◆ Your goal
Transcribe all of the data verbatim, please, and leave out its pictures.

◆ Collected data
=======
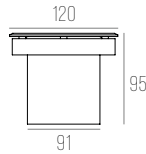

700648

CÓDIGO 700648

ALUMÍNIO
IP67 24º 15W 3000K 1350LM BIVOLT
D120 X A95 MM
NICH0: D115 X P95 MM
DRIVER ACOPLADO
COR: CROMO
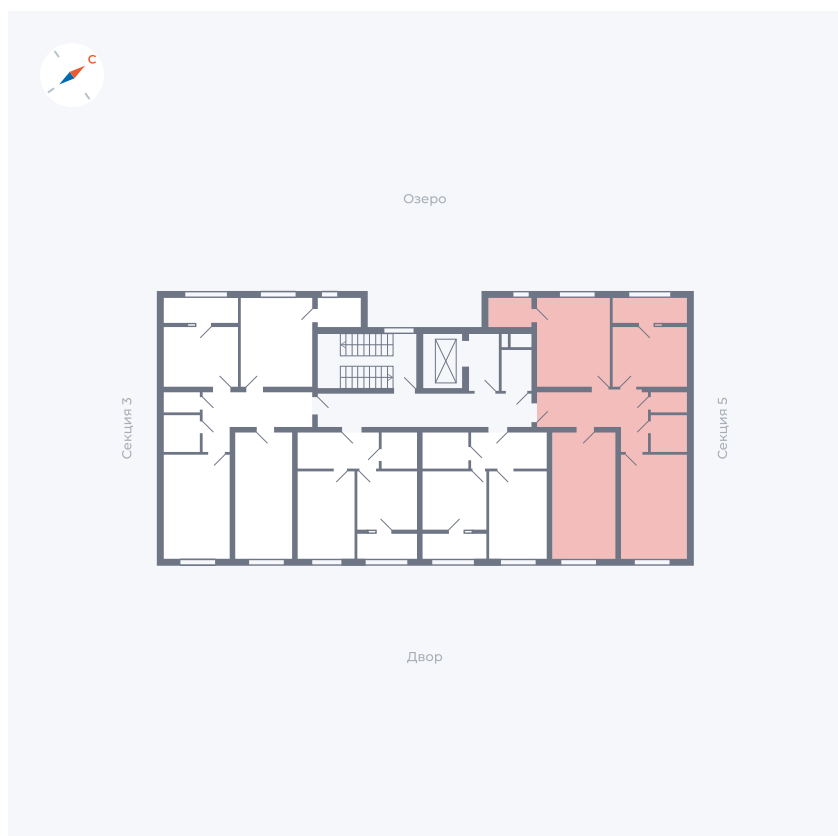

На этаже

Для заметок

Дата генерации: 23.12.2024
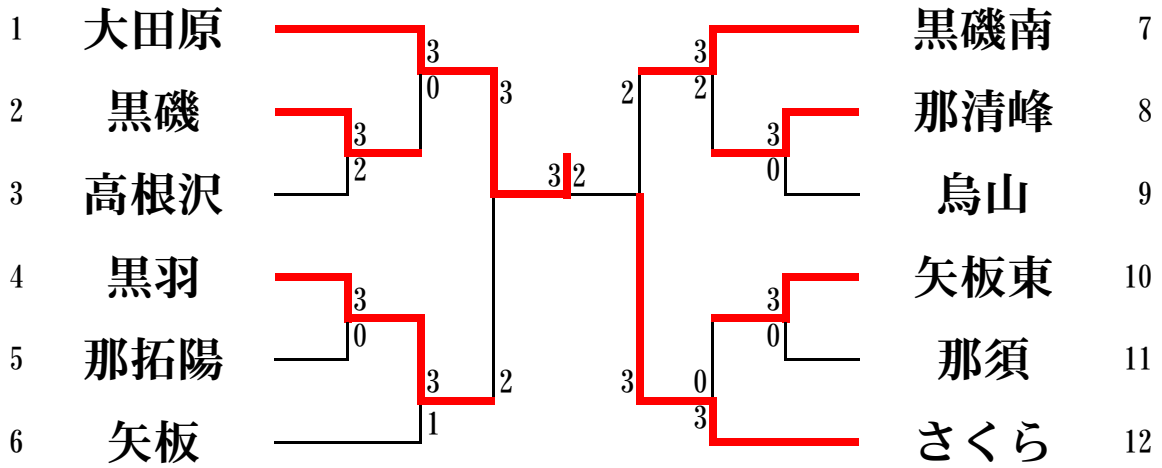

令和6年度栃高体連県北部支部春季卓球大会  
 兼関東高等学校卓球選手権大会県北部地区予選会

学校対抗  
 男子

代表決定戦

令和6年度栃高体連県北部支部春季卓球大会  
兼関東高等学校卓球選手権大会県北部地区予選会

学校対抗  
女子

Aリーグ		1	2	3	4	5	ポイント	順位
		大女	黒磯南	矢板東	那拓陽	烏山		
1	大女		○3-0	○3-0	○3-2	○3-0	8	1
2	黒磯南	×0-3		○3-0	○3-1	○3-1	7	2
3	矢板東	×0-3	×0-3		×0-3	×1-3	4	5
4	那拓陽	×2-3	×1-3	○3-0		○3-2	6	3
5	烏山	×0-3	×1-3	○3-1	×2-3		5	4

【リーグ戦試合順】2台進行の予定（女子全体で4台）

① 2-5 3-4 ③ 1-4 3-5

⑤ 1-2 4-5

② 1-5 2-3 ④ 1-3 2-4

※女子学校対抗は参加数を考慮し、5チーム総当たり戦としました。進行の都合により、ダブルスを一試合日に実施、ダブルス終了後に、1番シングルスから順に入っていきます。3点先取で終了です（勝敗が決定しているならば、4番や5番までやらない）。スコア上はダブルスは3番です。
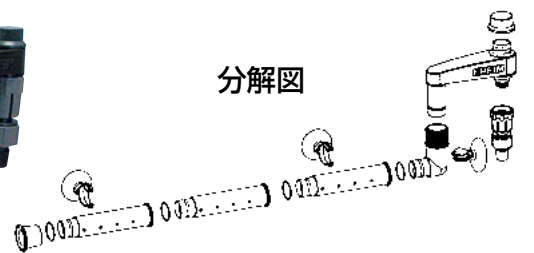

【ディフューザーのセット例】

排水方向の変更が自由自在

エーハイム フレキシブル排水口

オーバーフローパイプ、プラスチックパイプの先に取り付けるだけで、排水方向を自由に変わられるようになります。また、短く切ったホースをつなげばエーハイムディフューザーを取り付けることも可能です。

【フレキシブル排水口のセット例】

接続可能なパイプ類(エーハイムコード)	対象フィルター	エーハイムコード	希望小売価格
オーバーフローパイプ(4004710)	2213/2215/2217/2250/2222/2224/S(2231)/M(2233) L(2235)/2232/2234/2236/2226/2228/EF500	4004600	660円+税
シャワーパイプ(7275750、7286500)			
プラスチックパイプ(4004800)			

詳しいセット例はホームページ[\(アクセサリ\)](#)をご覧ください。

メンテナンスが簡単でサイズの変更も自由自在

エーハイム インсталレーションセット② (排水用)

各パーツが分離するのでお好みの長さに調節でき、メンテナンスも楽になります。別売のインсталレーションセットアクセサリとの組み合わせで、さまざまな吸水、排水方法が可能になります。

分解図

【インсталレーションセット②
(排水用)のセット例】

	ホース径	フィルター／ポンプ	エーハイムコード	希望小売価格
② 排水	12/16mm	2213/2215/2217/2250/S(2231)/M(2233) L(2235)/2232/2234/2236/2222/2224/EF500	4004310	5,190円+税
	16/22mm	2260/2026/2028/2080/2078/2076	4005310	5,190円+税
=======
◆ Task output
700648

CÓDIGO 700648

ALUMÍNIO
IP67 24º 15W 3000K 1350LM BIVOLT
D120 X A95 MM
NICH0: D115 X P95 MM
DRIVER ACOPLADO
COR: CROMO

На этаже

Для заметок

Дата генерации: 23.12.2024

令和6年度栃高体連県北部支部春季卓球大会  
 兼関東高等学校卓球選手権大会県北部地区予選会

学校対抗  
 男子

代表決定戦

令和6年度栃高体連県北部支部春季卓球大会  
兼関東高等学校卓球選手権大会県北部地区予選会

学校対抗  
女子

Aリーグ		1	2	3	4	5	ポイント	順位
		大女	黒磯南	矢板東	那拓陽	烏山		
1	大女		○3-0	○3-0	○3-2	○3-0	8	1
2	黒磯南	×0-3		○3-0	○3-1	○3-1	7	2
3	矢板東	×0-3	×0-3		×0-3	×1-3	4	5
4	那拓陽	×2-3	×1-3	○3-0		○3-2	6	3
5	烏山	×0-3	×1-3	○3-1	×2-3		5	4

【リーグ戦試合順】2台進行の予定（女子全体で4台）

① 2-5 3-4 ③ 1-4 3-5

⑤ 1-2 4-5

② 1-5 2-3 ④ 1-3 2-4

※女子学校対抗は参加数を考慮し、5チーム総当たり戦としました。進行の都合により、ダブルスを一試合日に実施、ダブルス終了後に、1番シングルスから順に入っていきます。3点先取で終了です（勝敗が決定しているならば、4番や5番までやらない）。スコア上はダブルスは3番です。

【ディフューザーのセット例】

排水方向の変更が自由自在

エーハイム フレキシブル排水口

オーバーフローパイプ、プラスチックパイプの先に取り付けるだけで、排水方向を自由に変わられるようになります。また、短く切ったホースをつなげばエーハイムディフューザーを取り付けることも可能です。

【フレキシブル排水口のセット例】

接続可能なパイプ類(エーハイムコード)	対象フィルター	エーハイムコード	希望小売価格
オーバーフローパイプ(4004710)	2213/2215/2217/2250/2222/2224/S(2231)/M(2233) L(2235)/2232/2234/2236/2226/2228/EF500	4004600	660円+税
シャワーパイプ(7275750、7286500)			
プラスチックパイプ(4004800)			

詳しいセット例はホームページ[\(アクセサリ\)](#)をご覧ください。

メンテナンスが簡単でサイズの変更も自由自在

エーハイム インсталレーションセット② (排水用)

各パーツが分離するのでお好みの長さに調節でき、メンテナンスも楽になります。別売のインсталレーションセットアクセサリとの組み合わせで、さまざまな吸水、排水方法が可能になります。

分解図

【インсталレーションセット②
(排水用)のセット例】

	ホース径	フィルター／ポンプ	エーハイムコード	希望小売価格
② 排水	12/16mm	2213/2215/2217/2250/S(2231)/M(2233) L(2235)/2232/2234/2236/2222/2224/EF500	4004310	5,190円+税
	16/22mm	2260/2026/2028/2080/2078/2076	4005310	5,190円+税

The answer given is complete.